Warner Bros. Pictures

"Why are there no men in on the heist in Ocean's 8?" ask dissatisfied men on the Internet. Well, in Ocean's 8, Debbie Ocean, as played by Sandra Bullock, has a very specific reason for not including any men in her crew: she doesn't want the group to be spotted. "A Him gets noticed, a Her gets ignored. And for once, we'd like to be ignored," Debbie tells Lou (Cate Blanchett) while assembling the heist team. Not only is the quote a clear nod to the backlash to all-female movies, but it illuminates a specific, painfully real facet of living life as a woman.

As Ocean's 8 co-writer and producer Olivia Milch explains, Debbie's line is indicative of what it is to be a woman looking to accomplish her goals in a man's world. "It was this idea we had talked a lot about, which is what does it feel like to be a woman who wants to get something done?" Milch says over the phone in late May. "That's sort of a roundabout way of saying that women in these stories are often, you know, 'unnoticed.'"

Milch adds that it was co-writer and director Gary Ross who actually wrote the line, noting that the two often discussed how they wanted the role of women in Ocean's 8 to be different than how women usually portrayed in more traditional (read: male-driven) heist films; in other words, the ladies of Ocean's 8 are driven by ambition and very self-aware.

Warner Bros. Pictures

"We really wanted to tell a story about a group of women who want to accomplish something for the sake of accomplishing it. That they are driven because they have agency and desire to get it done," Milch explains. In this specific case, that means having the characters recognize that they could use the fact that women are easily ignored in big crowds, like one gathered at the annual Met Gala, for example. "They’re gonna take advantage of who they are in this world," says Milch. "And that is to say that sometimes it is kind of beneficial to be able to get under the radar, and the ways in which they use their skills and their roles and their positions as women to accomplish this."

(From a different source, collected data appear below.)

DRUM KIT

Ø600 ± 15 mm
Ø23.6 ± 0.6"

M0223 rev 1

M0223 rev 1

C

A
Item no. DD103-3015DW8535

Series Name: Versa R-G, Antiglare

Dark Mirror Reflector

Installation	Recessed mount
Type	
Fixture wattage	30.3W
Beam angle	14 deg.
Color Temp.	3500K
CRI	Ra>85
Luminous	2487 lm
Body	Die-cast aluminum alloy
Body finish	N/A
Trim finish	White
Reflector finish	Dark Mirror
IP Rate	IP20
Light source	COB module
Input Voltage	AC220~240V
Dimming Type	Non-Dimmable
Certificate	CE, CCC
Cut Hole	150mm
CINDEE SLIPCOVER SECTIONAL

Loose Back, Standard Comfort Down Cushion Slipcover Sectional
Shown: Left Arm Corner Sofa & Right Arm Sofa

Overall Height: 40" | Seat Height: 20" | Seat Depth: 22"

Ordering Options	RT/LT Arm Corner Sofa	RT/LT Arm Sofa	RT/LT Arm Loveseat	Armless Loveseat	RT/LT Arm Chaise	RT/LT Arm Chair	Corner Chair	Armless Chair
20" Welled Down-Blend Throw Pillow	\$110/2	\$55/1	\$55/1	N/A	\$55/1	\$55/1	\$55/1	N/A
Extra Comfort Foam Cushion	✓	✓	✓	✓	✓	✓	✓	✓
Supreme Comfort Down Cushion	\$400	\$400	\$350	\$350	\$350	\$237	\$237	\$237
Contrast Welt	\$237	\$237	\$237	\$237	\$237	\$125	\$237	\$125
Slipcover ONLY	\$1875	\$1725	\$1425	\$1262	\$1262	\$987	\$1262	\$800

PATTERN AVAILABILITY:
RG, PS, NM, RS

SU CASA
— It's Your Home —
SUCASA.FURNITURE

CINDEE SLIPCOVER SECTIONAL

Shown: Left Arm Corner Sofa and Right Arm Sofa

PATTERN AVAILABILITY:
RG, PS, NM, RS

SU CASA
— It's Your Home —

Milch adds that the Debbie line is meant to have a bit of a tongue and cheek element to it. After all, the idea of Bullock, Blanchett, Rihanna, Mindy Kaling, Anne Hathaway, Helena Bonham Carter, Sarah Paulson, and Awkwafina going unnoticed anywhere is laughable. "There is sort of a beautiful contradiction within this film, in that these are some of the most glamorous, and stunning, and known women, and yet they're pulling something off — something massive off — under the noses of everybody in the world. And I think that's one of the great delights and joys of the movie," says Milch.

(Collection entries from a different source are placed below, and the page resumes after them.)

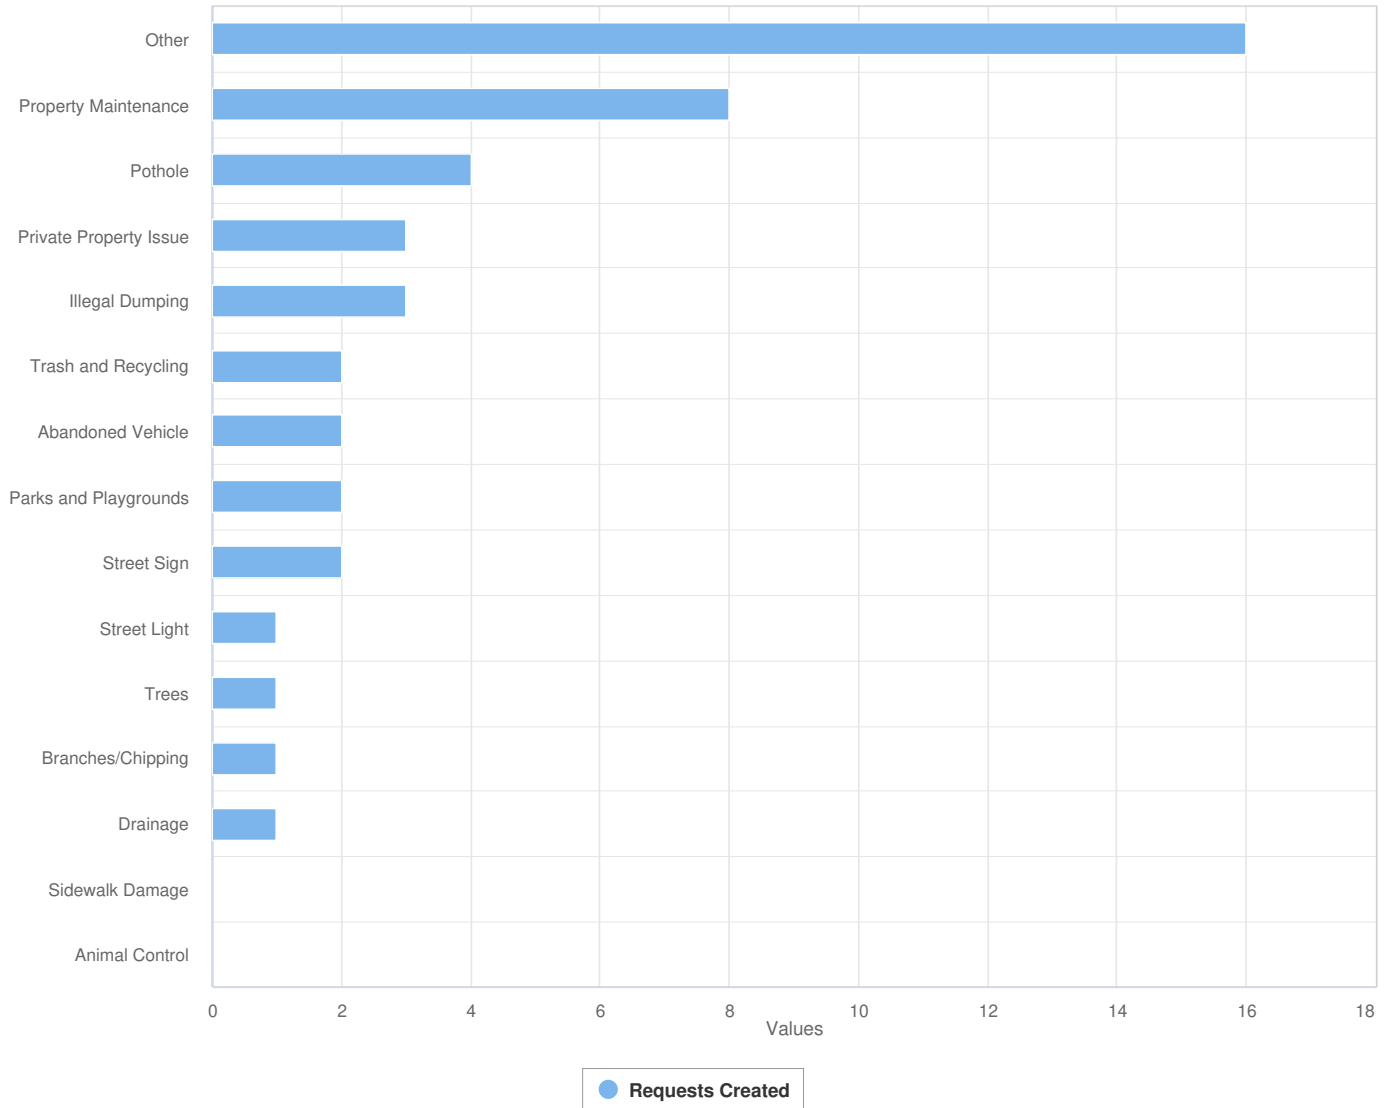

Lathrup Village

Requests filtered by request category that have been created 03/01/2026 - 04/01/2026 filtered to all categories within all geographies

Requests Created by Category

Days to Acknowledge by Category

Days to Close by Category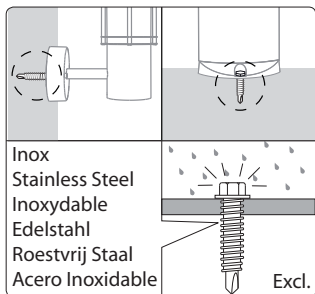

Incl.

A

B

6 x Luxeon Rebel
Powered

Ø 6mm

B

Philips Lighting Contact Centre
Int. Business Reply Service
I.B.R.S. / C.C.R.I. Numéro 10461
5600 VB Eindhoven
Pays-Bas / The Netherlands

www.philips.com/homelighting
 +800 7445 4775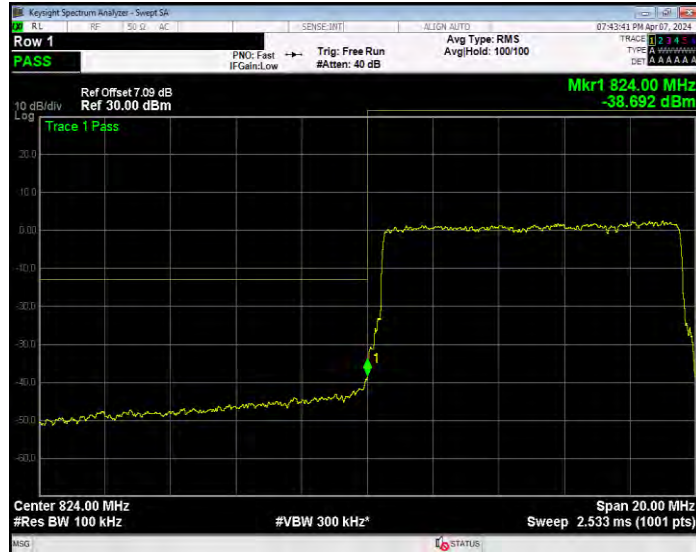

Band5 16QAM BW=1.4MHz Channel=20407 RB Size=1 Position=#0

Band5 16QAM BW=1.4MHz Channel=20407 RB Size=6 Position=#0

Band5 16QAM BW=1.4MHz Channel=20643 RB Size=1 Position=#0

Band5 16QAM BW=1.4MHz Channel=20643 RB Size=6 Position=#0

Band5 16QAM BW=10MHz Channel=20450 RB Size=1 Position=#0

Band5 16QAM BW=10MHz Channel=20450 RB Size=50 Position=#0

Band5 16QAM BW=10MHz Channel=20600 RB Size=1 Position=#0

Band5 16QAM BW=10MHz Channel=20600 RB Size=50 Position=#0

As is the fact that the line would never be found in Ocean's Eleven. All-male movies rarely, if ever, give a specific reasoning as to why no women are on the team. "To us, it's so normal to have a lack of women who are active participants in a plan in a film. So, they would never even think to address that," Milch notes. "But it is so rare and so special to see a team exclusively of women get something done because we're so used to expecting that there would be men."

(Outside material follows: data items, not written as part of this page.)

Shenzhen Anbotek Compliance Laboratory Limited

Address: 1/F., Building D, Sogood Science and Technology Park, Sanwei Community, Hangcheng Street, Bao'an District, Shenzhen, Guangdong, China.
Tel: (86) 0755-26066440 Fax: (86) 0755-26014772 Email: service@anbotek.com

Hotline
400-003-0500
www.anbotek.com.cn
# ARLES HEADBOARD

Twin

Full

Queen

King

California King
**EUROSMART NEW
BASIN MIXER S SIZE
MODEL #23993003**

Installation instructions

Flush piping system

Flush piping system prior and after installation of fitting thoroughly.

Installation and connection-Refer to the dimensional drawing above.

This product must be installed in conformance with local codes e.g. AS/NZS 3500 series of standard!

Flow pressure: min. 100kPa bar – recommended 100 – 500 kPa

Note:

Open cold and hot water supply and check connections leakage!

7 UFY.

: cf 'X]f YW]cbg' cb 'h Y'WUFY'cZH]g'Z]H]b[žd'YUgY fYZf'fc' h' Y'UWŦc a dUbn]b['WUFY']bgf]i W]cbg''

As the writer notes, women are used to seeing themselves on the fringes of the action, both in film and in everyday life. In Ocean's 8, that level of invisibility is finally being used to further female characters in reaching their goal. Why aren't men part of the Ocean's 8 team, you ask? Because, for once, a movie is embracing the fact that men aren't always necessary. As Milch says, this "is a team of women making sh*t happen." No men required.